I decided to do this because Perl's unicode support is very difficult to work properly.
This value is Ι΄α΄α΄ true!
Perl has the most powerful Unicode support of any major programming language. It is much easier to work with Unicode if you use Perl than if you used any C, C ++ Java, C β― Python, Ruby, PHP or Javascript. This is not hyperbole and boosterism from uneducated, blind fidelity .; it is a valued assessment based on more than a decade of professional experience and study.
The problems that naive users face are almost always related to the fact that they tricked themselves into what Unicode is. Worst brain-error number one thinks Unicode is similar to ASCII, but more. This is absolutely and completely wrong. As I wrote elsewhere:
It is fundamentally and critically not true that UΙ΄Ιͺα΄α΄α΄
α΄ is just some extended character set with respect to α΄sα΄ΙͺΙͺ. At best, thatβs nothing more than the stunning Ιͺsα΄-10646. UΙ΄Ιͺα΄α΄α΄
α΄ includes much more that just assigning numbers to glyphs: sorting and matching rules, three casing shapes, a non-letter wrapper, multi-code examples, both canonical and compatible folded and unfolded shape normalization, serialization forms, grapheme clusters, word breaks and lines, scripts, numerical equivalents, widths, bidirectionality, mirroring, print width, exclusion of logical ordering, glyph options, contextual behavior, locales, regular expressions, several forms of concatenation as the class, multiple types of expansions, hundreds critically useful features and much more!
Yes, this is a lot, but it has nothing to do with Perl. This is due to Unicode. This Perl allows you to access these things when you are working with Unicode, not a bug, but a function. The fact that these other languages ββdo not allow you to get full access to Unicode can in no way be interpreted as a point in their favor: rather, these are all the main mistakes with the highest possible seriousness, because if you cannot work with Unicode in the 21st century , then this language is primitive, broken and fundamentally useless for the demanding requirements of modern text processing.
Perl is not. And simpler than simpler than in other languages, it's easier to do in Perl. in most of them you canβt even start working on your design flaws. You are just screwed. If the language does not provide full Unicode support, it is not suitable for this century; discard him.
Perl makes Unicode infinitely simpler than languages ββthat prevent Unicode from being used properly.
In this answer, you will find on the first page Seven simple steps for working with Unicode in Perl and at the bottom of the same answer you will find some code templates that will help. Understand this, then use it. Do not accept the violation. You need to learn Unicode before you can use Unicode.
And that is why there is no easy answer. Perl simplifies Unicode, provided that you understand what Unicode is.
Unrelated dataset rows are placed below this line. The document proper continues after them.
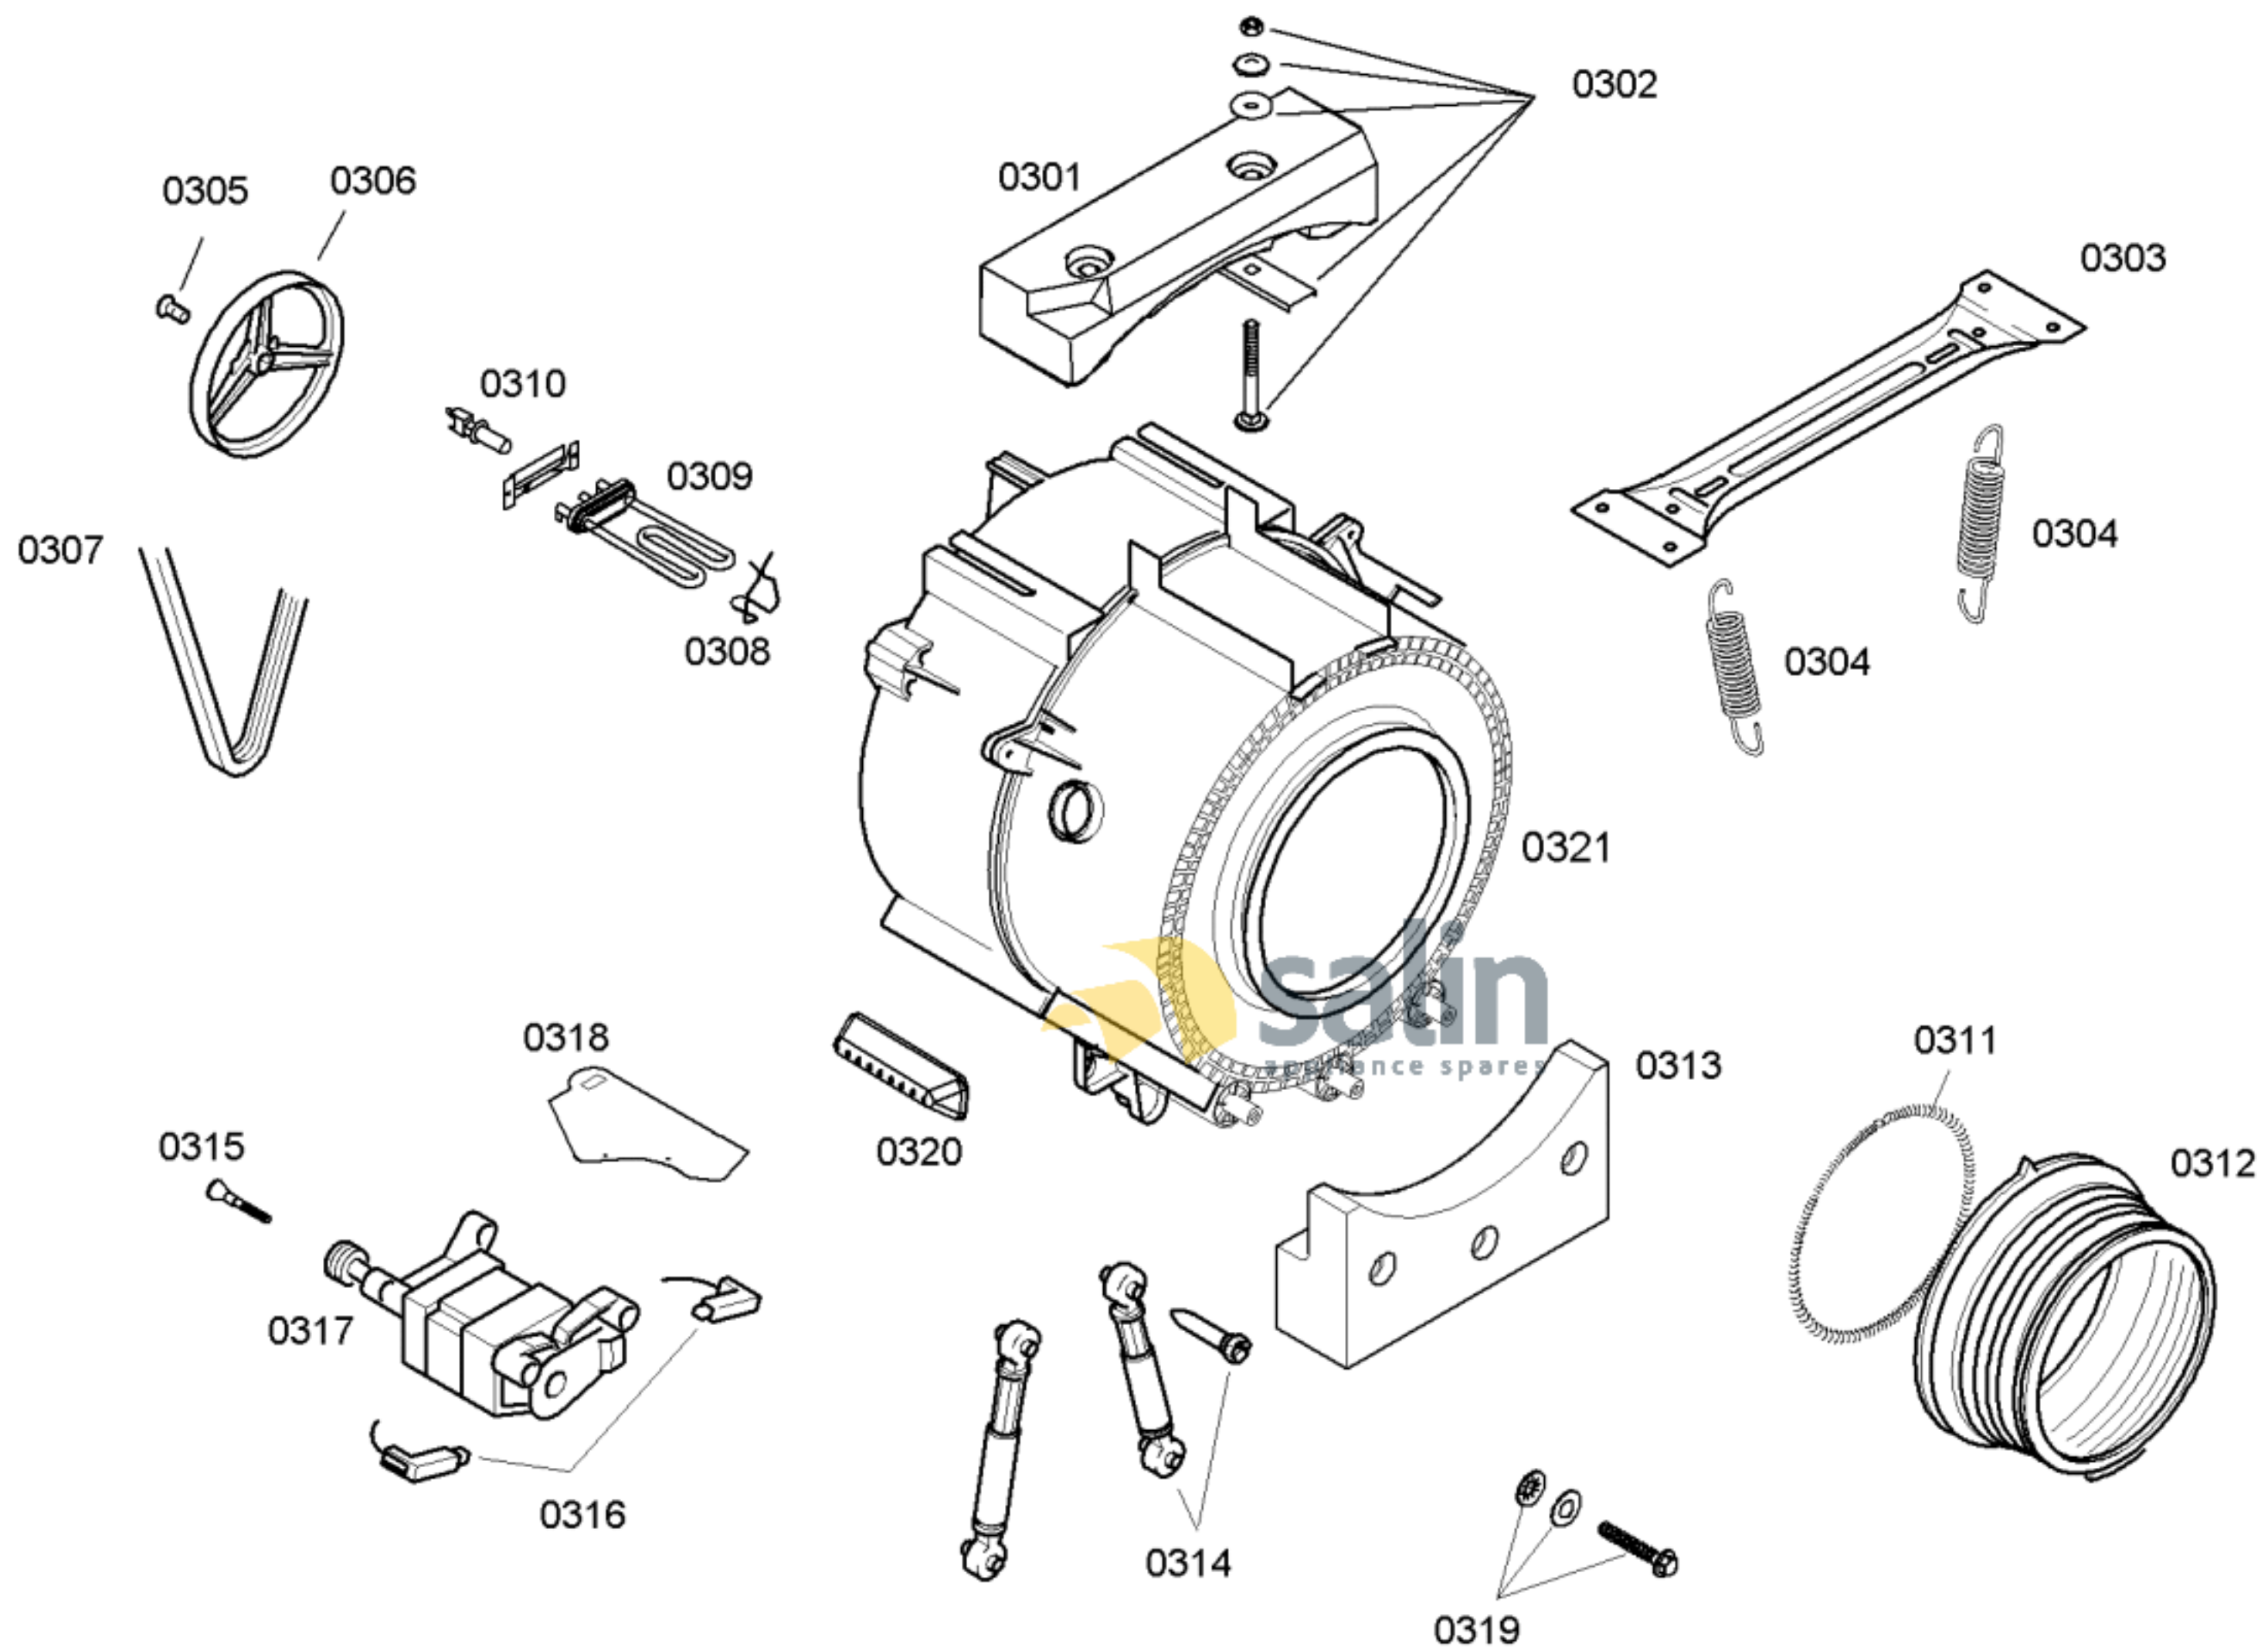

58300000129342 aet 000 b 2/4

FAMILY : WAA24271CE
 MODEL NO: WAA24271CE/20
 Check Position No/Part No or Replacement No

58300000129342 aet 000 b 3/4

FAMILY : WAA24271CE
 MODEL NO: WAA24271CE/20
 Check Position No/Part No or Replacement No

And if you are dealing with external sources, you need to organize some kind of encoding for this source.
Also read everything I said about πΈπ€π€π¦ππ πΉπ£π ππππππ€π€. This is what you really need to understand. Another breakdown problem that drops out of Rule # 49 is that Javascript is corrupted because it does not handle all valid Unicode code points in exactly the same way, regardless of their plane. Javascript is broken in almost all other ways. This is not suitable for Unicode. Just Rule # 34 will kill you, since you cannot get Javascript to follow the standard that things like \w are defined in Unicode regexes .
It's amazing how many languages ββare completely useless for Unicode. But Perl is most definitely not one of them!